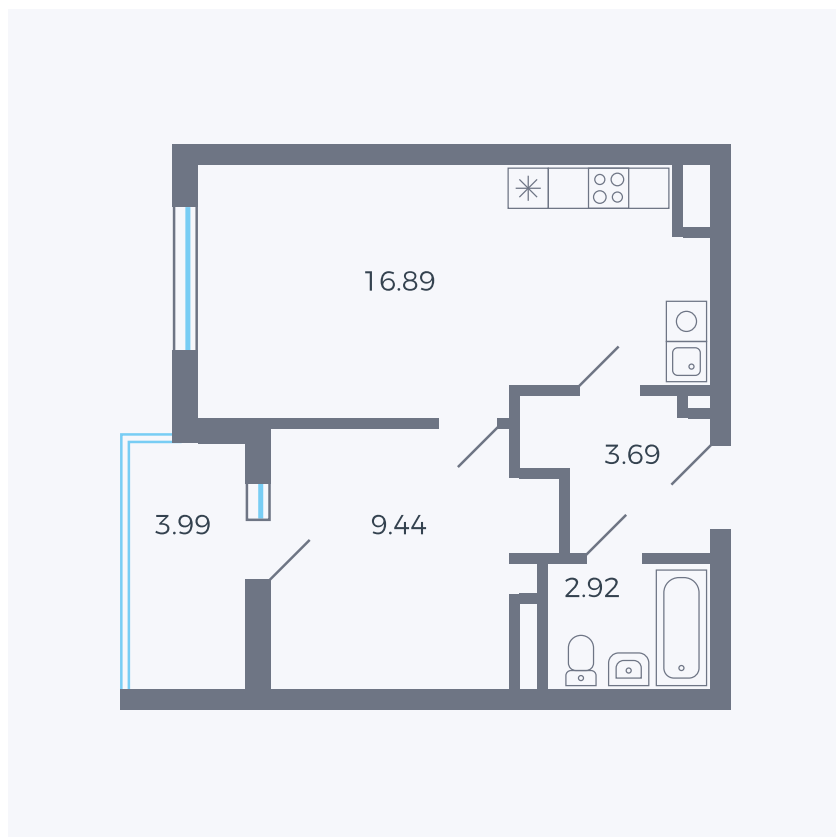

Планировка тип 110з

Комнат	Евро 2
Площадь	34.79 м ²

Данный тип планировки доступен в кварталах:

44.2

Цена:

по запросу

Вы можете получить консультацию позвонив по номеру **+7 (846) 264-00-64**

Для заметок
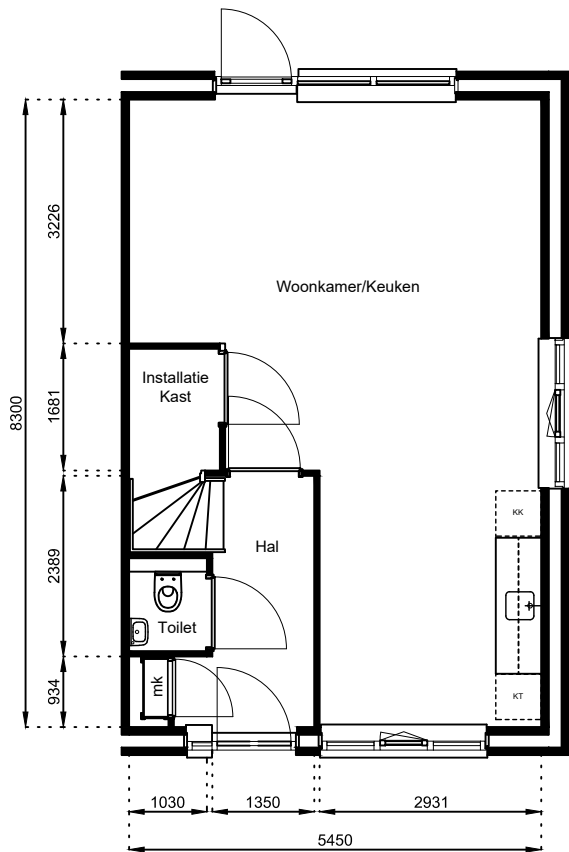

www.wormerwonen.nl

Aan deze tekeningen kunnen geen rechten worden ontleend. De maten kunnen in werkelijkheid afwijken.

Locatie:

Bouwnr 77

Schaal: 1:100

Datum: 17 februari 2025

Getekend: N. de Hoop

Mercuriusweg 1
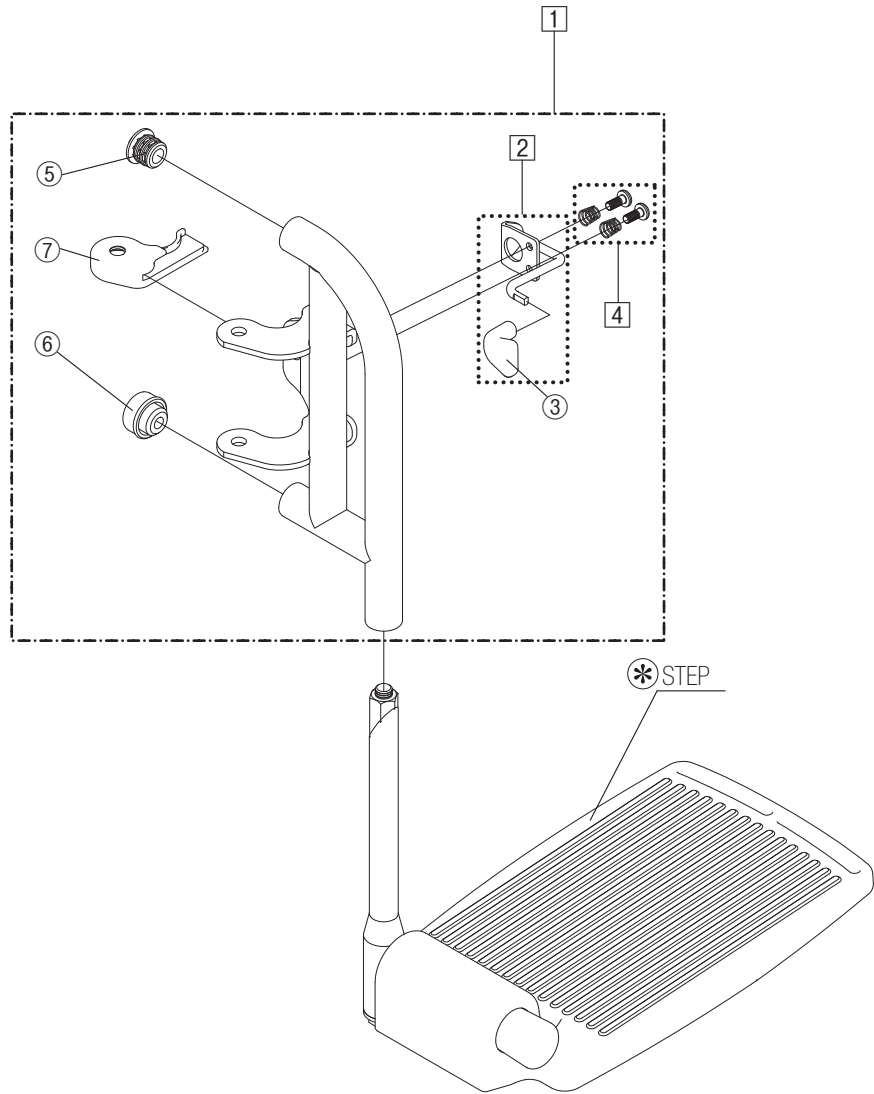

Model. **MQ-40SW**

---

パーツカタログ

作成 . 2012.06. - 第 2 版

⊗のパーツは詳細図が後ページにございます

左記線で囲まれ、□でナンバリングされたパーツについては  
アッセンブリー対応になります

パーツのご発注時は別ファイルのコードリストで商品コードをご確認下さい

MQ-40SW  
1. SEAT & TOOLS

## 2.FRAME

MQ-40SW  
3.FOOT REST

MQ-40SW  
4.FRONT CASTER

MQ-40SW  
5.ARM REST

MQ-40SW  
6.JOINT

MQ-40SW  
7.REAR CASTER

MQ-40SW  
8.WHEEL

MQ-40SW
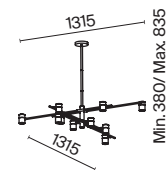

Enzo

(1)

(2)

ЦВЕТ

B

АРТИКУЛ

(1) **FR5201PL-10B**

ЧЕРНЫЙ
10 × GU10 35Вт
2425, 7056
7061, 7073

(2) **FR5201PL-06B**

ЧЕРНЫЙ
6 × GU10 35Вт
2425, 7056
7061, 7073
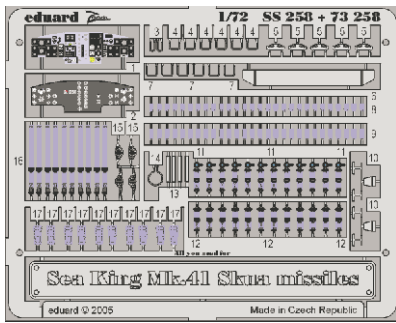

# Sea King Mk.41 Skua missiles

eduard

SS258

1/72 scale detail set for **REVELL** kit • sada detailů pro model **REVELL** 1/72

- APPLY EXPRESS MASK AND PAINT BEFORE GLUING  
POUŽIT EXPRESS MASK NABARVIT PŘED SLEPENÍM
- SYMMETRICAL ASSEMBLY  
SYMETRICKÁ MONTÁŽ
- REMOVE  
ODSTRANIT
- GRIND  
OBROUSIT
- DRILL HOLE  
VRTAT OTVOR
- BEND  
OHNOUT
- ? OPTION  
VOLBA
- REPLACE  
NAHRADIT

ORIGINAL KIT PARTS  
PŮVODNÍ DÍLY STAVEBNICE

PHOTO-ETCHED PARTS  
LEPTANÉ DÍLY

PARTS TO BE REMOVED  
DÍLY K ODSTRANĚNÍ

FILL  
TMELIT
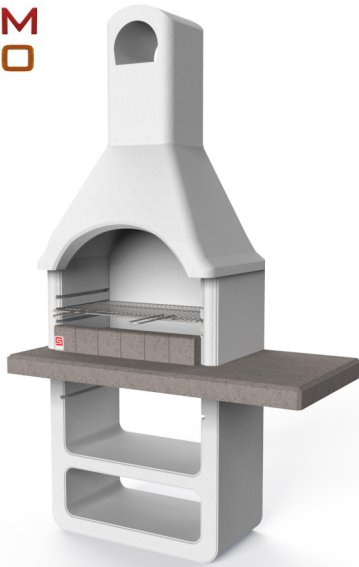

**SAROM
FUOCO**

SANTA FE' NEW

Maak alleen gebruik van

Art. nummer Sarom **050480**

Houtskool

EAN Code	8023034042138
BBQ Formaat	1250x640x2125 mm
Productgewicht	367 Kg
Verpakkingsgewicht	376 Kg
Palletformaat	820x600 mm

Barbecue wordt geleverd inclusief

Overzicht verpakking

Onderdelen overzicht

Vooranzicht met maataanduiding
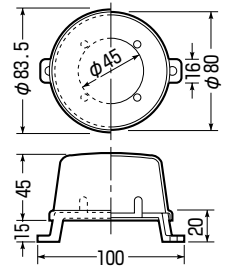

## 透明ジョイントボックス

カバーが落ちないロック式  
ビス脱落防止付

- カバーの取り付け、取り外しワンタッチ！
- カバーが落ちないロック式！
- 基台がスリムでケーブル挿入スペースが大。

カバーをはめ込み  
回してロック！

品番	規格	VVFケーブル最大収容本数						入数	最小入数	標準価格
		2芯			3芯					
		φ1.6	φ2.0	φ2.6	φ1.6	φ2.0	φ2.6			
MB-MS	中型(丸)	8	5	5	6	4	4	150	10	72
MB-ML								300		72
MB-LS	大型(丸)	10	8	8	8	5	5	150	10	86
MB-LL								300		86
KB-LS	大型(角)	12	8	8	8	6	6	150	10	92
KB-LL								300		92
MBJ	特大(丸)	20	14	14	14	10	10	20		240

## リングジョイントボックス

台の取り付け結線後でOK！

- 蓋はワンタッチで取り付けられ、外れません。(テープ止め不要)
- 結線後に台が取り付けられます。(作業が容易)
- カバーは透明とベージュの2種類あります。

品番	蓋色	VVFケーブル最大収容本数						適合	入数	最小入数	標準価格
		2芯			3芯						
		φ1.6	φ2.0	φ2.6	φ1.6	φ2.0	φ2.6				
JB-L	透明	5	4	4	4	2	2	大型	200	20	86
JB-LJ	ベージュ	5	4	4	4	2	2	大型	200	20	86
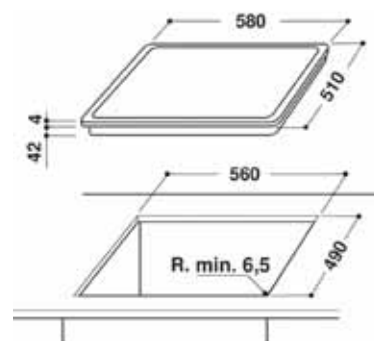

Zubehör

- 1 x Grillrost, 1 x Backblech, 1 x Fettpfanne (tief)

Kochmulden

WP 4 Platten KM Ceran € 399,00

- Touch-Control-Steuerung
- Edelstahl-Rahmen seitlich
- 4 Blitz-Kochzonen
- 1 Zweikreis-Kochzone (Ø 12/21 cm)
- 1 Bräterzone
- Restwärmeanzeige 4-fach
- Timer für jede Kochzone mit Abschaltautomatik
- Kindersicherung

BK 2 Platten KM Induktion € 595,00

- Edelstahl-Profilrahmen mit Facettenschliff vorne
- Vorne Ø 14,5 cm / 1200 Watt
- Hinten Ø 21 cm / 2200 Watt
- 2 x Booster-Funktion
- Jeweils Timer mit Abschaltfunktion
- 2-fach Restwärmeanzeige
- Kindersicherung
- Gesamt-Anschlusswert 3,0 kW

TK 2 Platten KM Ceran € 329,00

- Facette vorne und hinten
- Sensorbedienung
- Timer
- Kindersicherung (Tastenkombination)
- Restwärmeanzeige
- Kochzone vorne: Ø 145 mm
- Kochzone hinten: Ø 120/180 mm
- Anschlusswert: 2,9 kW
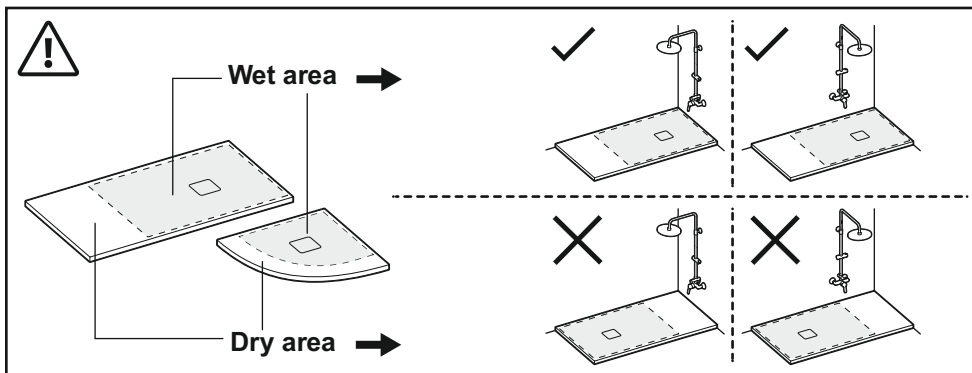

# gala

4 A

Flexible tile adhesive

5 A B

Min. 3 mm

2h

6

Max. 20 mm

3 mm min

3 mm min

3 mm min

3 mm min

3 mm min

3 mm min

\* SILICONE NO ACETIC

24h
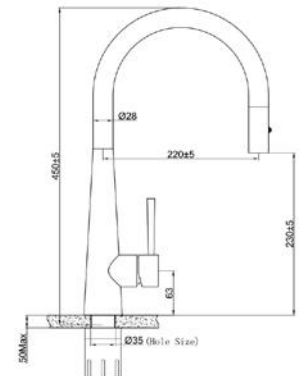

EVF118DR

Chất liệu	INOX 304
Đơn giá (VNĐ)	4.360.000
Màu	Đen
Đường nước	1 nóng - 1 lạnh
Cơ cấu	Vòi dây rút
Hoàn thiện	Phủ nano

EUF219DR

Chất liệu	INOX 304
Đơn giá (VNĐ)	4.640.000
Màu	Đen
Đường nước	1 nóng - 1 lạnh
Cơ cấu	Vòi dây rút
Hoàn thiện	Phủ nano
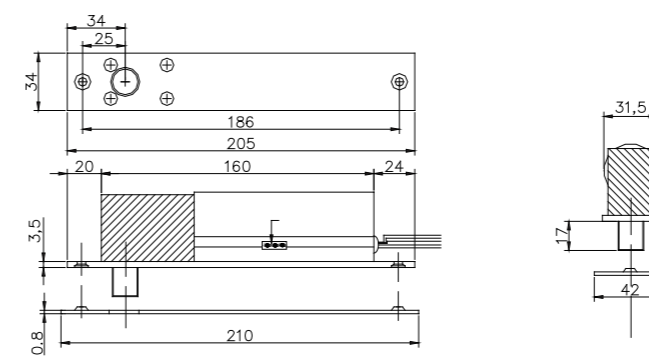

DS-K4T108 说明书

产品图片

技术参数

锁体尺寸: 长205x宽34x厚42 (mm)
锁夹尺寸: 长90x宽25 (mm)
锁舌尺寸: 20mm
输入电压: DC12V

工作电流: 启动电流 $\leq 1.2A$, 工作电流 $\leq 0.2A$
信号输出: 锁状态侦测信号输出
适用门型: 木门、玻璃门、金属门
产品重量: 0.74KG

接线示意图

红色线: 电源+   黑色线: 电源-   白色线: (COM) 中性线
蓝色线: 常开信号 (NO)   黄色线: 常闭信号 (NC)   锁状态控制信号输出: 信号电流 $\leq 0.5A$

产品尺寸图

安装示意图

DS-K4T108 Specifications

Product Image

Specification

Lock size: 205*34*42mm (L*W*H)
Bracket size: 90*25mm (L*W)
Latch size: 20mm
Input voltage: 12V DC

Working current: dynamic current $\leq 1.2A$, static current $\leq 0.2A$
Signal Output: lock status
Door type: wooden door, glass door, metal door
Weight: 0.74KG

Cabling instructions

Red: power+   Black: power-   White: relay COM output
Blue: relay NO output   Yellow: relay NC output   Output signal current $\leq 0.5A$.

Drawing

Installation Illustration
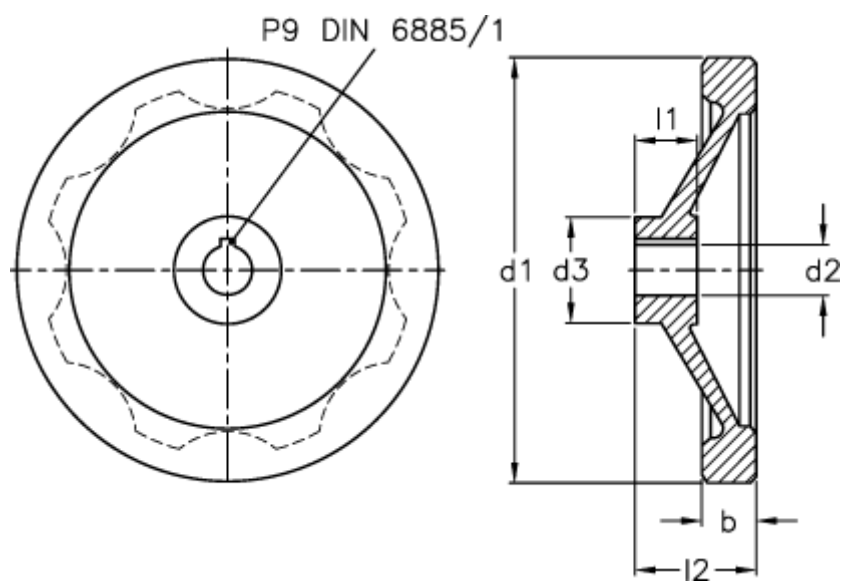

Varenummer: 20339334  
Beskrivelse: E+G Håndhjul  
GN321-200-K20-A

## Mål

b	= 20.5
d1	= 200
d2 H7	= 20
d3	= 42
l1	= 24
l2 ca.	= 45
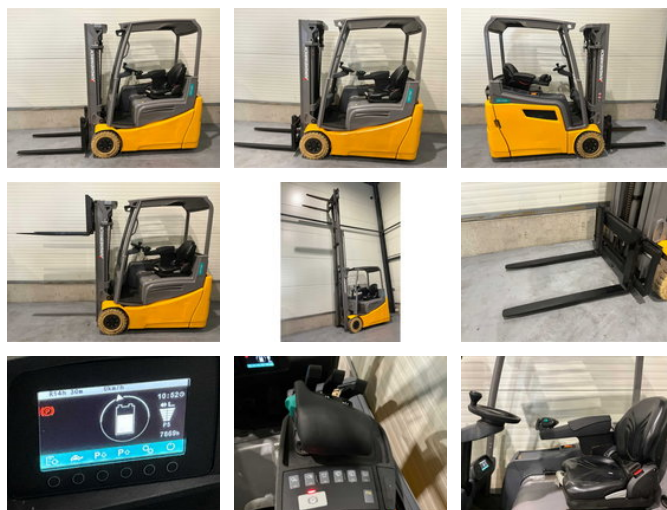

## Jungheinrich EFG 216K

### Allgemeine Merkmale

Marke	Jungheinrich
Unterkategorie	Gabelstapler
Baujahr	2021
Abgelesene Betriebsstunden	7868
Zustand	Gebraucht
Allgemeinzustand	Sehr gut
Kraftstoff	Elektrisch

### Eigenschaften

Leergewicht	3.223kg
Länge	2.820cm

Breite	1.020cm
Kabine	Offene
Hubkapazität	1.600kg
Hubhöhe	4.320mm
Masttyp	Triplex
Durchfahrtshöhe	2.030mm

----

■ **WORK INSTRUCTIONS**: Report each line of the material above where the word "Platten" appears.

■ **RESULT OF THE EXERCISE**:
WP 4 Platten KM Ceran € 399,00
BK 2 Platten KM Induktion € 595,00
TK 2 Platten KM Ceran € 329,00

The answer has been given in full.